Forum Navigation
Use of tango.text.Util.indexOf
Posted: 03/05/08 22:13:29 Modified: 03/05/08 22:15:02Hi,
I am switching from Phobos to Tango, for various reason (first would be presence of XML related function, that Phobos is missing in its 1.0 version, even if I don't really care about alpha/beta for my project), and I'm making some basing String methods, mapping on the one found in Tango.
I have the following:
module lang.String; import TangoUtil = tango.text.Util; import TangoLayout = tango.text.convert.Layout; public uint indexOf(T, U = uint)(T[] str, T c, U offset = 0) { return TangoUtil.indexOf(str[offset..$].ptr, c, str.length); }In fact, it is just like the indexOf function of Tango, except it allow me to use an additional offset which is not present in Tango.
My problem is not with the call in itself, nor it has to do with the interest of doing such thing while Tango seems to do it well (well, if I import the module tango.text.Util, I suppose I'd be able to do "foobar".indexOf('a') or "foobar"[offset..$].indexOf('a').

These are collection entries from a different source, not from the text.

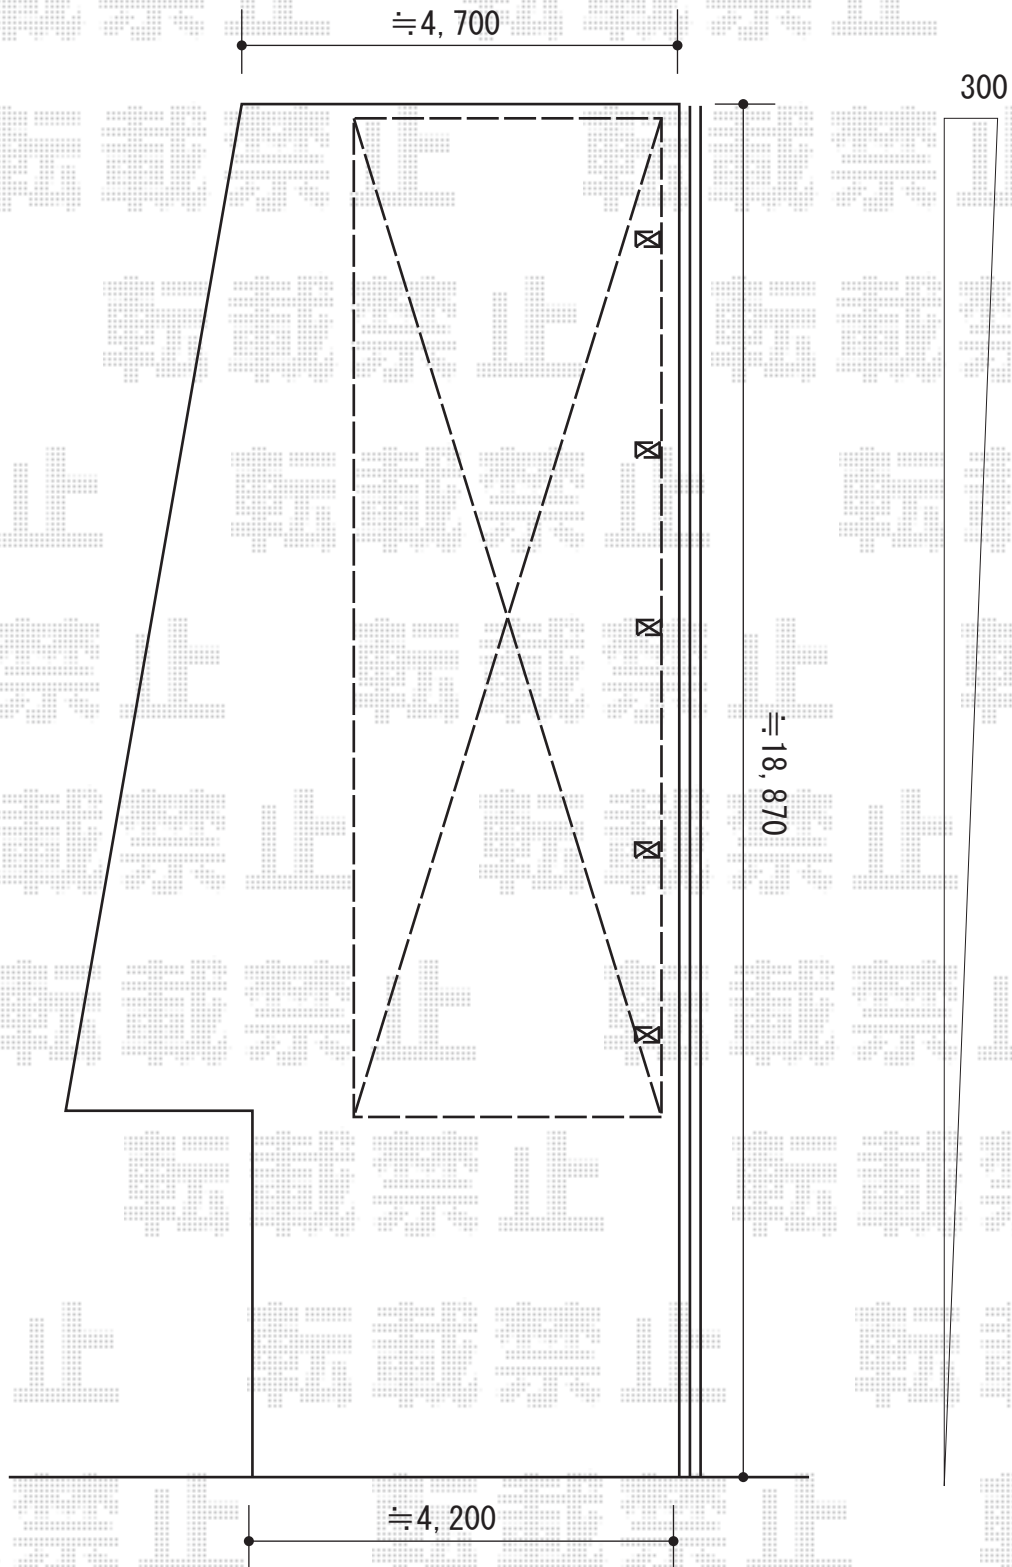

カーポート 施工概略図

YKK AP レイナポートグラン 縦連棟 積雪~20cm対応
幅= 3,000mm 奥行= 11,496mm 色: ブラウン
屋根材: 熱線遮断ポリカーボネート(クリアマット)
柱仕様: ハイルフ柱仕様 (有効高 約2,350mm)

YKK AP レイナポートグラン-halfセット
幅= 3,000mm 奥行= 1,432mm 色: ブラウン
屋根材: 熱線遮断ポリカーボネート(クリアマット)
柱仕様: ハイルフ柱仕様 (有効高 約2,355mm)

2015-6-281845

担当者

赤松
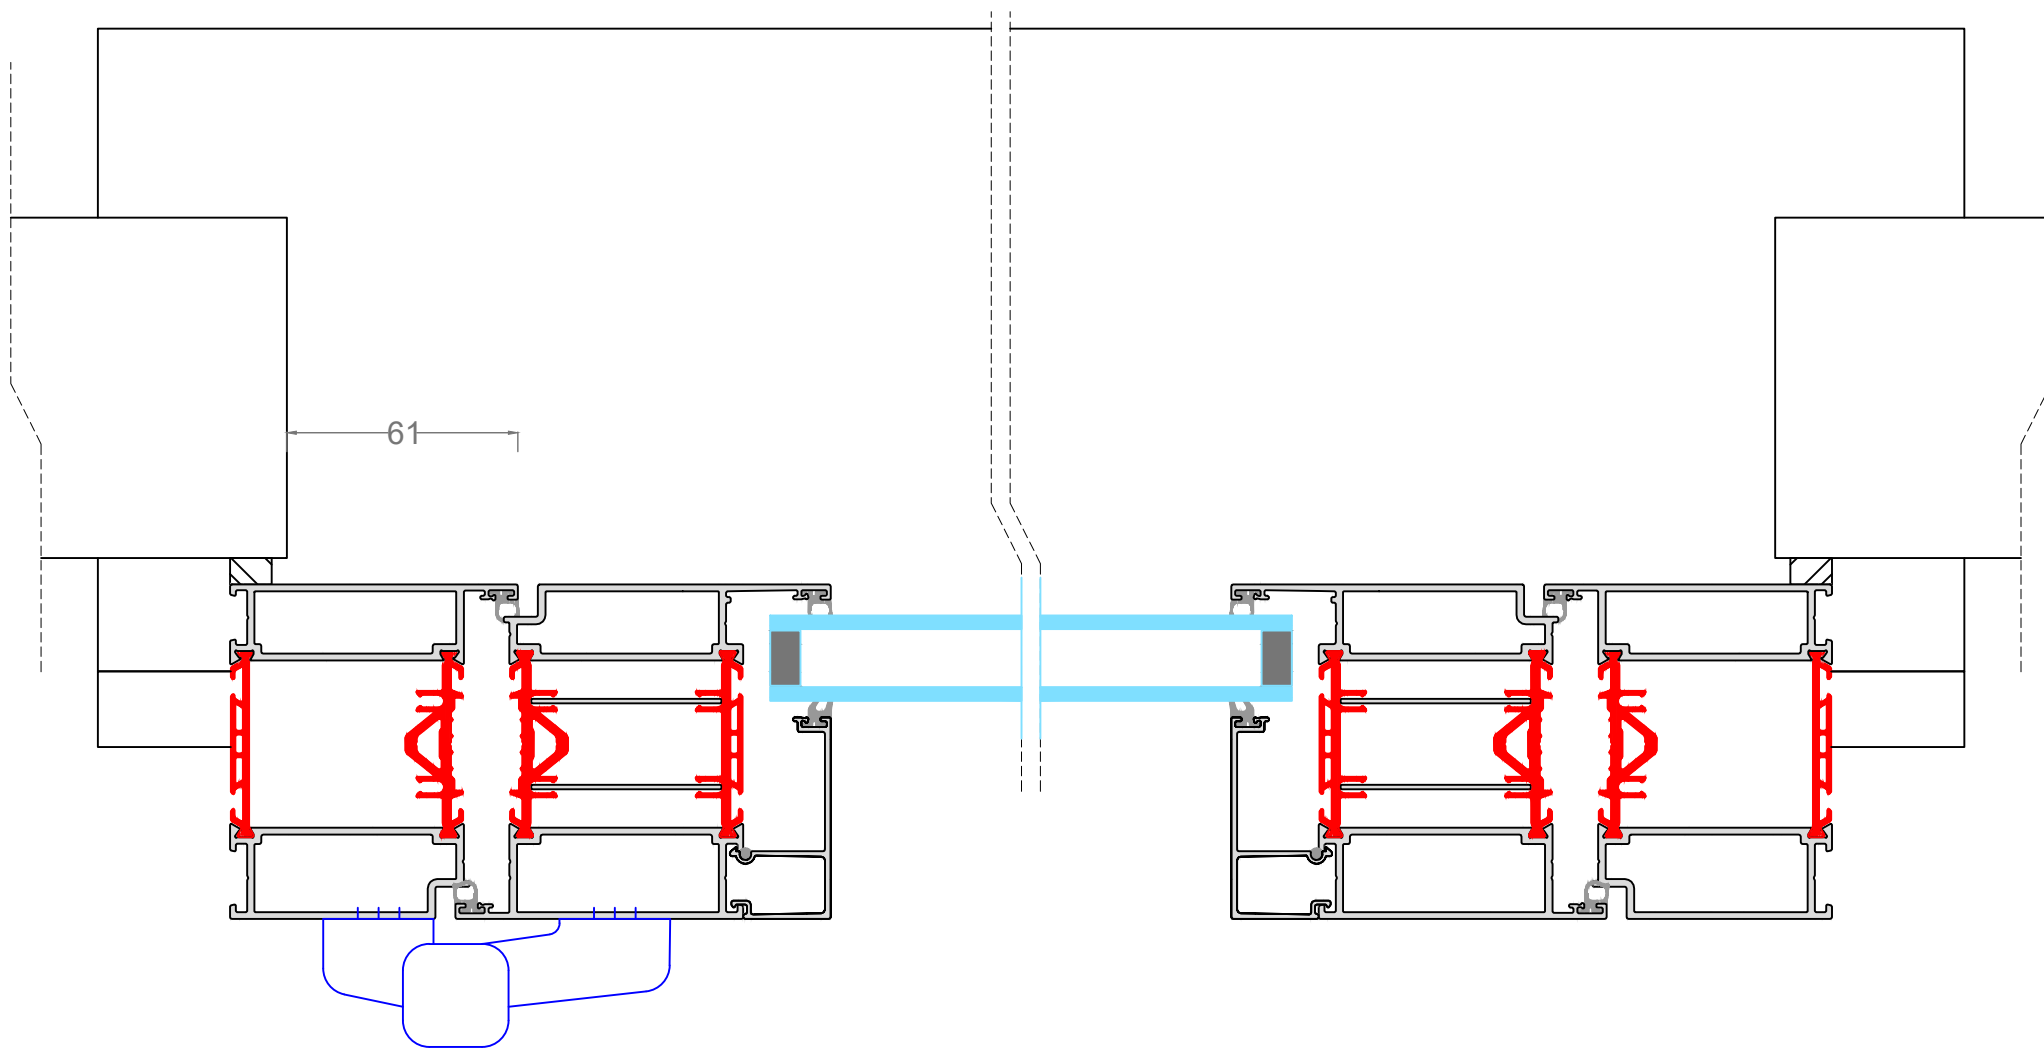

MINIMA | DESIGN-PERFORMANCE + Zipx Zero

MINIMA | DESIGN-PERFORMANCE Deur binnendraaiend

MINIMA | DESIGN-PERFORMANCE Deur binnendraaiend

Vanhaverbeke nv
Schans 4a
2480 Dessel

Tel. +32 (0)14 37 72 86
www.raamdesigners.be
info@raamdesigners.be

The problem is : if T is a char, then it is in utf-8.
My question is simple:
assert("é"d.indexOf(cast(char)'é') == 0);(the cast is mandatory, because the D parser will convert it to a wchar (honestly, I don't know why we should fight with three king of char? ...)
How this will work?
- If é is a char, then it takes only 8 bits, but the fact is that in utf-8 'é' is coded 0xC3 0xA9. - If it look up like this :
for (int i = 0; i < length; ++i) { if (array[i] == c) return i; } return length;Then there is no way that it work because the é character take two bytes, so it should be looked on two bytes.
Is there a class, or something better, for dealing with utf-8 compatible operation?
[edit] or am I forced to use wchar?